(CBS News) CENTRAL INDIANA - There is new evidence of the toll of the worst drought in more than 50 years: The government says nearly half of the corn crop is now in poor or very poor condition, and the World Bank raised new concern about the cost of food as grain prices soar.
"The forecast for today is essentially the same forecast we've had for most of the last three months -- roughly about 90 degrees, sunny, with about a 20 percent chance of rain.
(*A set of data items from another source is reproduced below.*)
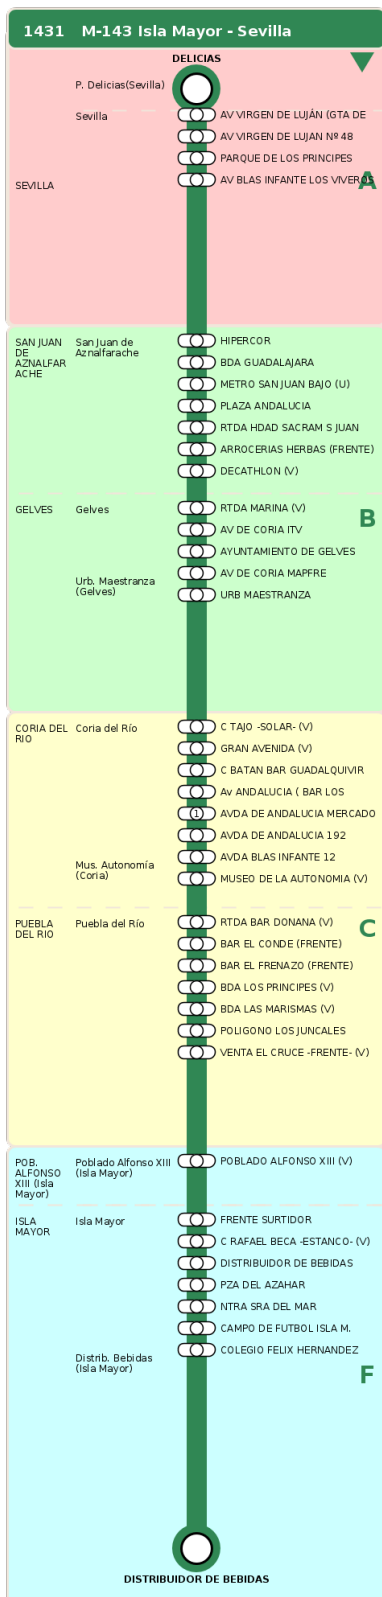

Termómetro de línea

ZONAS:

A B C F

TRANSBORDO:

- Autobús
- Servicio Marítimo
- Tren Cercanías
- Tranvía
- Metro
- Bici

PARADAS:

- Cabecera
- Subida y bajada
- Sólo subida
- Sólo bajada

OBSERVACIONES:

(1) BAR LOS CLAVELES
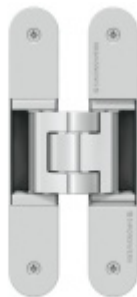

Produktový list

platný k 30. 4. 2026

luxusnikovani.cz
DELIVERED BY EFB

Tectus 340 3D F1 - sada pantů a magnetického zámku EFB WC uzamykání, čtyřhran 8 mm

ID produktu: 26923

Pro velkoobchodní zákazníky je tato sada za speciální cenu, která se zobrazí pouze [registrovaným](#) a přihlášeným uživatelům.

Sada obsahuje: [2x pant Tectus 340 3D](#) + [1x Magnetický zámek EFB](#).

Pro správné objednání je potřeba vybrat typ magnetického zámku v sadě.

V případě objednání sady WC zámku se čtyřhranem 8 mm, bude rozteč zámku 78 mm!

více jak 10 ks

PODOBNÉ PRODUKTY

**Tectus 340 3D F1 stříbrný
AKCE - skrytý pant pro
bezfalcové dveře**

SIMONSWERK

OD 29,59 €

více jak 10 ks

**Tectus 340 3D - skrytý pant
pro bezfalcové dveře,
povrchové úpravy**
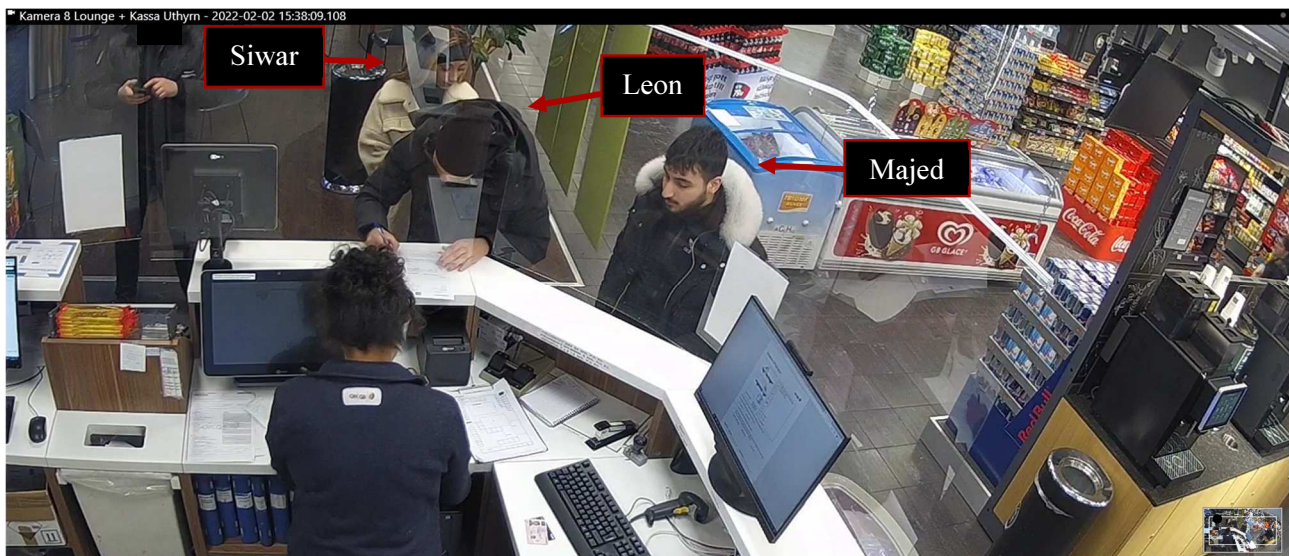

5000- K158589-22

Leon tar fram körkort(gul pil 1) och ett blått bankkort(gul pil 2) och lägger det på disken.
Butikspersonal(grön pil) tar korten och står sedan vid datorn och arbetar. Siwar, Leon och Majed står då och väntar.

It's just that that 20 percent chance of rain has never materialized," said David Hardin, whose family has been farming in central Indiana since John Quincy Adams was president.
"Even if we had rain now, it will come too late to help the majority of the corn crop," Hardin added. "There are large areas in our fields that will yield essentially nothing."
In a normal year, he raises more than enough corn to feed his 12,000 hogs.
"We're actually having to go out and buy corn on the open market to feed our hogs through next year," Hardin said.
He said it's not just the weather that's squeezing him.Watch: Grape crops thrive where others fail in record drought
Forty percent of the national corn harvest last year went to ethanol production under the federal government's renewable fuel standard, requiring petroleum companies to buy a minimum amount of ethanol to blend into gasoline supplies.
David Hardin, along with many of his neighbors, wants the government to waive the requirement during this drought so he can compete fairly for the supply he needs instead of paying sky high prices for what little is left.
The ethanol industry opposes any changes and says its consumption of corn is down nearly 14 percent in just the last six weeks.
"This is the worst I have ever seen in my lifetime and I hope it stays the worst that I've ever experienced," Hardin said.
Experts on the ethanol market say a federal waiver is extremely unlikely this year. But if the drought continues, it could tee up a real battle next year between ethanol industry that helps to power our cars and the livestock farmers who produce the meat we eat.